De kantonrechter oordeelt als volgt. Voor werknemer was het ondoenlijk om van alle individuele werknemers de daadwerkelijk gewerkte uren bij te houden. Hem ontbraken eenvoudigweg de middelen daartoe. Werknemer ging uit van de juistheid van de urenbriefjes zoals die hem werden voorgelegd en waarop hij ook om plausibele redenen meende te kunnen vertrouwen en ook mocht vertrouwen. Het 'blind' ondertekenen van deze briefjes kan niet als een grove veronachtzaming van de plicht beschouwd worden. Voor te stellen is dat de inhoudelijke controle van urenverzamelstaten aan de hand van urenbriefjes niet is gebeurd als gevolg van tijdgebrek. Van belang is hierbij dat werknemer jarenlang goede beoordelingen heeft gehad ten aanzien van deze controle. De kantonrechter is van oordeel dat ook ten aanzien van dit punt onvoldoende is komen vast te staan dat werknemer een grovelijk veronachtzamen van zijn verplichtingen verweten kan worden. Het verzoek tot ontbinding op grond van een dringende reden wordt daarom afgewezen.
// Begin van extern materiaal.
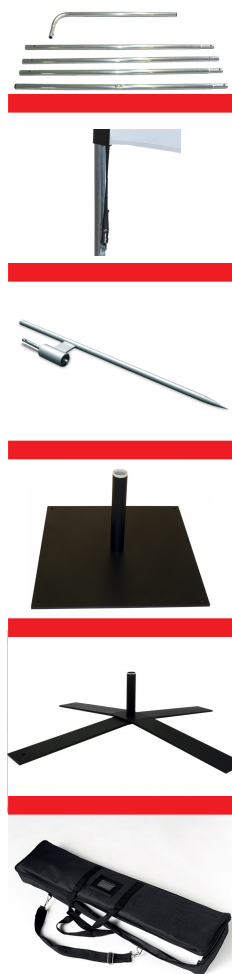

Le flag «Squale Large» idéal pour l'extérieur et l'extérieur communication en toute facilité lors de vos événements.

Les +

Le flag Squale Large 5,5 m renforce votre communication, identification et localisation où que vous soyez, lors de vos événements, salons, foires, halls d'exposition, show room...

D'une grande simplicité d'utilisation, portable et léger : sa fonctionnalité et sa polyvalence ont tout pour plaire.

Informations

Visuel

- Surface du visuel visible après confection 4200(h) x 750(l) mm
- Norme anti-feu (obligatoire pour les Etablissements Recevant du Public)
- Voile polyester brillante haute résistance 130 g/m²
- Impression quadri haute définition
- Encres 100% écologiques Sans Solvant
- Mode recto : Impression d'une voile (visible au recto et au verso par transparence).

structure

- Dimensions hors tout : 75 x 550 cm
- Structure : mâts en acier encastrable et élastique
- Modèle déposé
- Fourreau de sangle élastique noir ou blanc
- Base à choisir dans la gamme
- Accroche bas : crochet élastique
- Poids : 3,9Kg (sac de transport inclus)
- Poids total avec toile 4,9 Kg
- Accessoire : housse de transport matelassée inclus dans le kit
- Résiste à des vents d'environ 20 à 40 km/h (force 4 sur échelle de Beaufort)

De kantonrechter overweegt verder dat van de juistheid van de verwijten die ENCI aan werknemer maakt absoluut onvoldoende is gebleken. Ter zitting is gebleken dat partijen het vertrouwen in elkaar volledig hebben verloren. Om die reden zal de arbeidsovereenkomst worden ontbonden. Het wegvallen van de vertrouwensbasis is in overwegende mate aan ENCI te wijten. Zij heeft een uitstekend functionerende werknemer (vier jaar achter elkaar zeer goede beoordelingen) onvoldoende middelen aangereikt om zijn werk goed te kunnen uitvoeren. Zij spreekt in het verzoekschrift en ter zitting zelfs haar twijfels uit omtrent de integriteit van werknemer, zonder dit ook maar enigszins met feiten te onderbouwen. Voorts is er nog het misplaatste verwijt van handelen in strijd met de Arbowetgeving, dat ENCI aan werknemer maakt. Door zo te handelen gedraagt ENCI zich niet als een goed werkgever. De kantonrechter oordeelt het daarom billijk bij de ontbinding aan werknemer een vergoeding toe te kennen ex aequo et bono van € 175.000 bruto.